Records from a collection
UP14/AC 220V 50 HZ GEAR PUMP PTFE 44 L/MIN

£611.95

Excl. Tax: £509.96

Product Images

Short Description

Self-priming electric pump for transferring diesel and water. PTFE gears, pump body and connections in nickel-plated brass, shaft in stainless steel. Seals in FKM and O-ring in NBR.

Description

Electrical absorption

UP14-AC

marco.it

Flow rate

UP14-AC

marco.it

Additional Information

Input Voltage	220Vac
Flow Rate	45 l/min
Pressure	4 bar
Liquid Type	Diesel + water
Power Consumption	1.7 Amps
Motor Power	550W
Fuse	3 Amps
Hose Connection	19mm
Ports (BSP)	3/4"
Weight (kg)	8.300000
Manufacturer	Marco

* * *

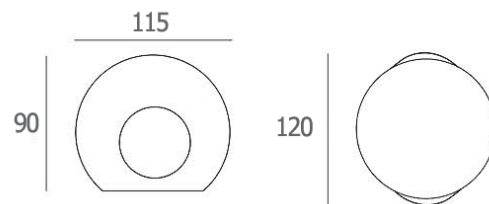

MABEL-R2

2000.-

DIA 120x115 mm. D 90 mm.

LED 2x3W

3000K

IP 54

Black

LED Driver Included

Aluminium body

--

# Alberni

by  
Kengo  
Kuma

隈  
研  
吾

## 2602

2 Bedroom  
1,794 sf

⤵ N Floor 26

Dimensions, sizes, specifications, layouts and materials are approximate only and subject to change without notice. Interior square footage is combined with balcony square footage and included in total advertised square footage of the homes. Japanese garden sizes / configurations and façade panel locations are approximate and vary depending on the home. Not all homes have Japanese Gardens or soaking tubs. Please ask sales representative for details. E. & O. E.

**Exercise instructions:** Using the records above, restate word for word the lines from the one with "UP14/AC 220V 50 HZ GEAR PUMP PTFE 44 L/MIN" through the one with "Short Description", both included.

**Task output:**
UP14/AC 220V 50 HZ GEAR PUMP PTFE 44 L/MIN

£611.95

Excl. Tax: £509.96

Product Images

Short Description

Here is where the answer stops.